» WHAT YOU HAVE TO DO
Starting at the line that contains "5.949 Usage of" in the listing below, write out every line word for word until you have written the line that contains "Here, we count".

» SOURCE MATERIAL
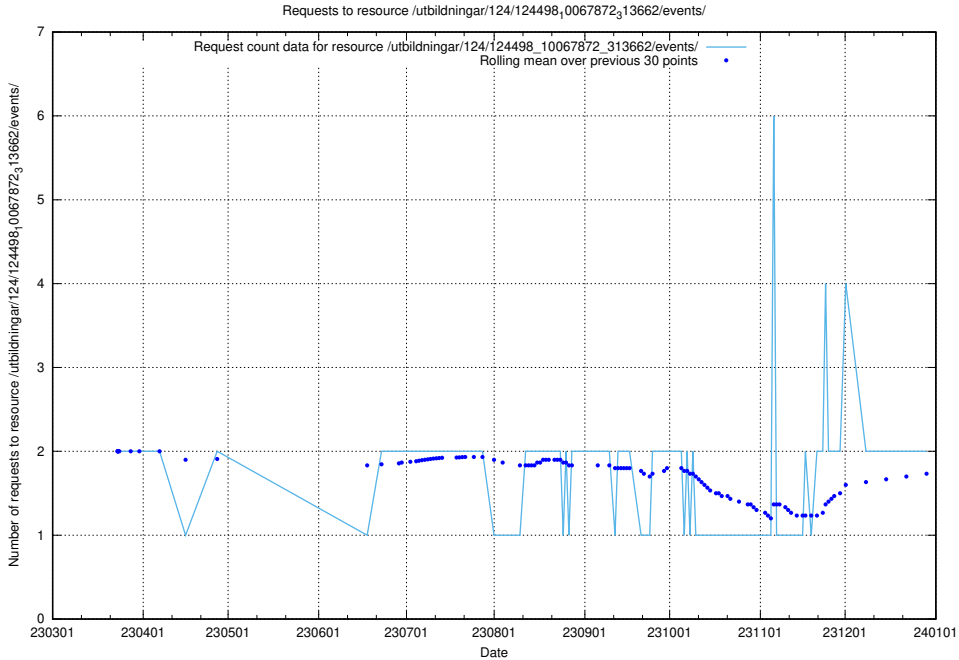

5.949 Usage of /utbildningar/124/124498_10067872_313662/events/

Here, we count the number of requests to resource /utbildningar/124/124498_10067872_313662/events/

--

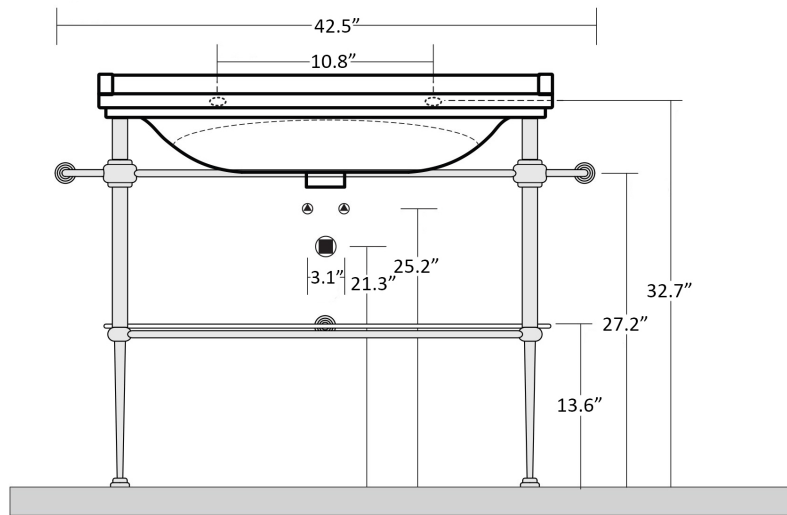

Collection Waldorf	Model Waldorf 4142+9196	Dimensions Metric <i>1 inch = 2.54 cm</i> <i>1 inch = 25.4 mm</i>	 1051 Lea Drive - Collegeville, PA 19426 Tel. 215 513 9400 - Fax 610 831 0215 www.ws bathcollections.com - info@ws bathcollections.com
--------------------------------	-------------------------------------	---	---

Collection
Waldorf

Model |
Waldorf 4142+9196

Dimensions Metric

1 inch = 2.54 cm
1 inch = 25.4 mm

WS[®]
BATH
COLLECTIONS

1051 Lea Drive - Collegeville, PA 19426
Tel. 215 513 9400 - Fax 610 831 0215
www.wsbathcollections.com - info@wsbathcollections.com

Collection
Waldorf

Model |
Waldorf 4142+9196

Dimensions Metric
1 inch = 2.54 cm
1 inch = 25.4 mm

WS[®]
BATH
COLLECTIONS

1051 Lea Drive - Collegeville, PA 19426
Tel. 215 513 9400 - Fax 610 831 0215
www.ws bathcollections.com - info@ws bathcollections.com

* * *

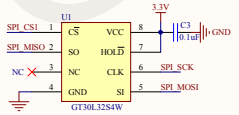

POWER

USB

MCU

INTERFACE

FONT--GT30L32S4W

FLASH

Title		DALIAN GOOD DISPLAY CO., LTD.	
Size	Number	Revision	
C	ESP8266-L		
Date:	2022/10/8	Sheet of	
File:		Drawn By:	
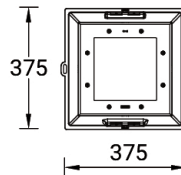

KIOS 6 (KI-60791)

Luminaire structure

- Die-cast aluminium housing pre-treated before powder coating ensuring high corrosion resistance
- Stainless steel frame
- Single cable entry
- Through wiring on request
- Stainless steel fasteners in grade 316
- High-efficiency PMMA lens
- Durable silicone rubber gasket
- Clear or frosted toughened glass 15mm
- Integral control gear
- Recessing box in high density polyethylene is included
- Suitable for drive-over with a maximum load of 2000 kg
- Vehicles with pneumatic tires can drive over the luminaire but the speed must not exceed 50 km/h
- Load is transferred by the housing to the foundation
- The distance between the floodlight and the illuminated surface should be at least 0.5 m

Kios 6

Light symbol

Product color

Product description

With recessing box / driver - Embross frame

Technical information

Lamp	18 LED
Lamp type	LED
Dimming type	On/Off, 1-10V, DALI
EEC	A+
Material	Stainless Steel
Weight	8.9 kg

» REPLY TO THE EXERCISE
5.949 Usage of /utbildningar/124/124498_10067872_313662/events/

Here, we count the number of requests to resource /utbildningar/124/124498_10067872_313662/events/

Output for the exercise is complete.